* [Goal of the exercise]
Using the string "Solarpanels" as the key, pull each matching line out of the records below.

* [Record excerpts]

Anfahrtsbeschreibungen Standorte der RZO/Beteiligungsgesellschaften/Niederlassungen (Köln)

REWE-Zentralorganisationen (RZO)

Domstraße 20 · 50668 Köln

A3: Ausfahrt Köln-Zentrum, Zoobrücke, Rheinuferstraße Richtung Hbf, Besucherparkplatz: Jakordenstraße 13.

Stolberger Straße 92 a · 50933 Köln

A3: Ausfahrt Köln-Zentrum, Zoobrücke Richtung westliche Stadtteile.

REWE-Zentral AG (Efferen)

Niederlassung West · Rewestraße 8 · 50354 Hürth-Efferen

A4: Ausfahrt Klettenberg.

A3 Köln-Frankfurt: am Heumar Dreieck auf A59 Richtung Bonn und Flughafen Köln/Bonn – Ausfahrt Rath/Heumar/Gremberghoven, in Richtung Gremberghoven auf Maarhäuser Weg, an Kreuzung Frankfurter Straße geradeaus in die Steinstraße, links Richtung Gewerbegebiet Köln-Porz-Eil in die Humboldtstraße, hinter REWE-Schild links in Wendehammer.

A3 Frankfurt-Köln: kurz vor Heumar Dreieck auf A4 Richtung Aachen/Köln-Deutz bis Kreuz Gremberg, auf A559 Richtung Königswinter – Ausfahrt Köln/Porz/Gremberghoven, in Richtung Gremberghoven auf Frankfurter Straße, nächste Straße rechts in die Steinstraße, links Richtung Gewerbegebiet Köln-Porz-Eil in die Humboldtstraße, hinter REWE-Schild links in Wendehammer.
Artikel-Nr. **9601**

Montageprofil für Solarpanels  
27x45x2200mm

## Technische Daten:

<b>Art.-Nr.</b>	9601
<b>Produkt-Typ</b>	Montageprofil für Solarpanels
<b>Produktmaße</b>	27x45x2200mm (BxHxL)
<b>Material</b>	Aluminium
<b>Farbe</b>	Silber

==

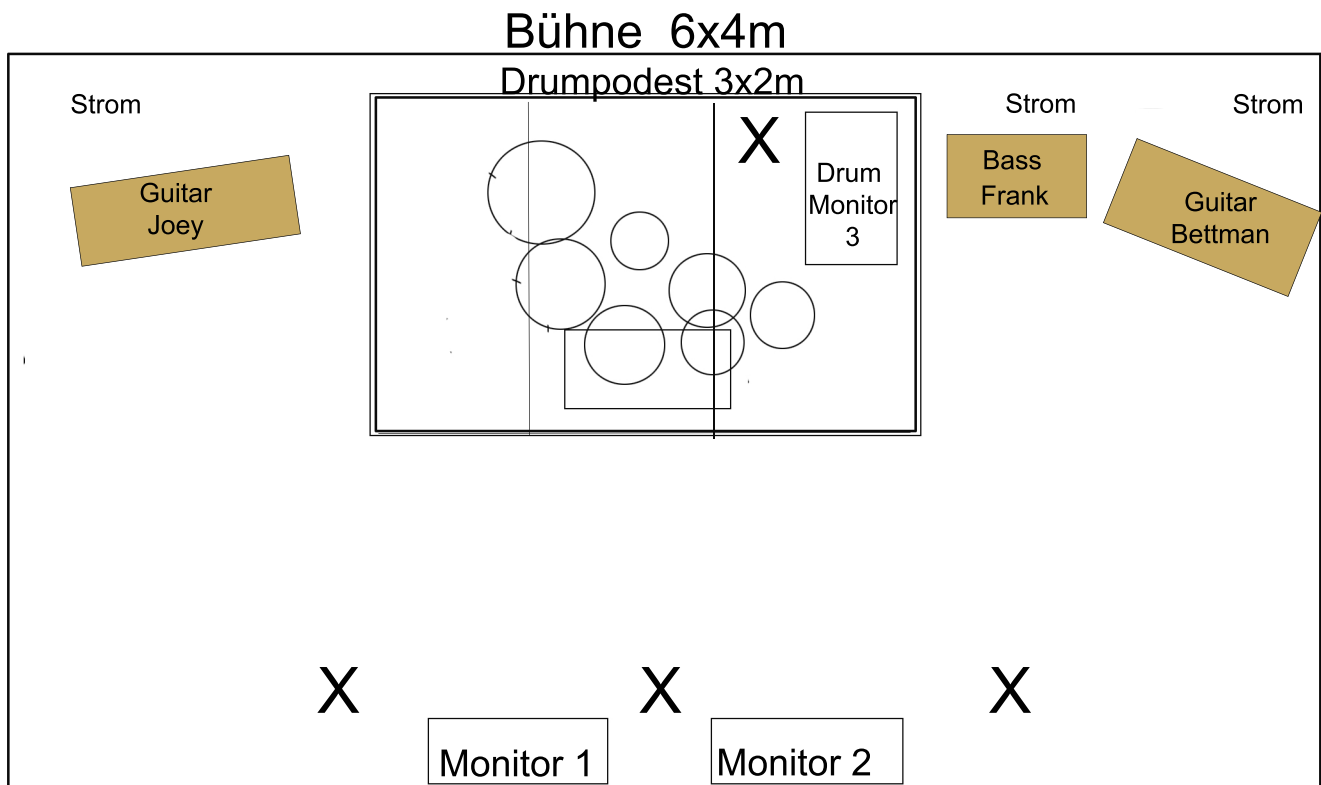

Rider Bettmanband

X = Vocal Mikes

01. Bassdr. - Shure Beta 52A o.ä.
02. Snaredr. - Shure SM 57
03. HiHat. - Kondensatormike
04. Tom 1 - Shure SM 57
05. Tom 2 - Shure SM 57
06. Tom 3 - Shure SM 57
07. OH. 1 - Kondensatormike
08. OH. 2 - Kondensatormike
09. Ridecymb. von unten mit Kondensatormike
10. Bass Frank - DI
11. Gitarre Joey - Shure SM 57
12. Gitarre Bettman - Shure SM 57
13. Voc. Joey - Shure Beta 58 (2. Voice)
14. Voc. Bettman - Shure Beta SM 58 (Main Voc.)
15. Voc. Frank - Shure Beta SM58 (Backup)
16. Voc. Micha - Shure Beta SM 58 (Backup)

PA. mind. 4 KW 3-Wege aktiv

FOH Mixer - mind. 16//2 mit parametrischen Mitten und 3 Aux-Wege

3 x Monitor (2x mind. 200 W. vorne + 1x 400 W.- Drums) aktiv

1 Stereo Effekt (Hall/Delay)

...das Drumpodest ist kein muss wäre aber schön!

* [Answer to the exercise]
Montageprofil für Solarpanels  
<b>Produkt-Typ</b>	Montageprofil für Solarpanels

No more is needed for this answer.